Иллюстрац и я 4. Кадр из фильма «Падение Берлина» (1949, режиссер М. Чиаурели)
Эта сцена примечательна во многих отношениях. Школа, то есть институция, ответственная за основанное на письменной культуре образование, обнаруживает и обсуждает случай «эгоистичной», индивидуалистской узурпации письма. Найденное любовное письмо – образец самовольного выхода за рамки прописи – явно противоречит многочисленным сценам, в которых ученики, стоя у доски перед всем классом, под надзором строгой учительницы (немецкого языка) должны воспроизводить заученные грамматические парадигмы. Любовное послание находится в противоречии с такой письменностью, функционирующей в качестве дисциплинирующей и контролирующей инстанции, еще в одной важной для понимания фильма сцене. Ученики проходят производственную практику на заводе, где результаты их труда четко контролируются всем рабочим коллективом, записываются и оцениваются. Молодые люди должны отчитываться о проделанной работе. Примечательно, что обнаружение любовного письма и, соответственно, его авторов происходит в производственном антураже. Именно здесь последствия такого интимного злоупотребления письмом становятся явными: письмо вызывает жестокую драку. Найденное письмо побуждает воспитательные инстанции к вмешательству и одновременно вносит раздор в дружную юношескую компанию. Оно становится причиной социального разногласия.
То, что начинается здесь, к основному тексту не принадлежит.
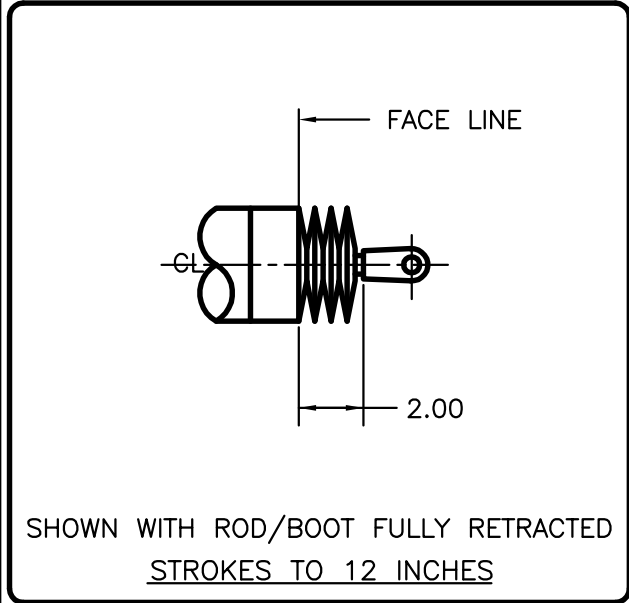

FEMALE CLEVIS WITH PIN

SPHERICAL ROD EYE

STANDARD ROD ENDS

SHOWN WITH ROD/BOOT FULLY RETRACTED
STROKES TO 12 INCHES

SHOWN WITH ROD/BOOT FULLY RETRACTED
STROKES 12 TO 18 INCHES

DIMENSIONS FOR UNIT WITH ROD BOOT

FRONT FLANGE MOUNT

TRUNNION BRACKET DETAIL

K-SERIES STANDARD ACCESSORIES

Действие фильма концентрируется преимущественно на показе реакции учительского коллектива и коллектива школьников на беспрецедентный факт «злоупотребления письмом в интимных целях». Властные педагогические структуры должны прояснить для себя, насколько они имеют право вмешиваться в интимное пространство. На обсуждение выносятся несколько позиций. Пожилая учительница требует наказания виновных, в то время как ее более молодая коллега, поведение которой на первый взгляд отличается либеральностью, своим вопросом о степени искренности чувств героев не менее грубо нарушает границы интимного пространства, чем ее пожилые коллеги-ретрограды.
Иллюстрации 5–6. Сцены чтения любовного письма из фильма «А если это любовь?» (1961, режиссер Ю. Райзман)
Лишь один человек, облеченный педагогическим авторитетом, – руководитель производственной практики, вынужденно принимающий участие в дискуссии между школой, родителями и влюбленной парой, – позволяет себе критиковать сам факт того, что интимное письмо стало объектом общественного обсуждения.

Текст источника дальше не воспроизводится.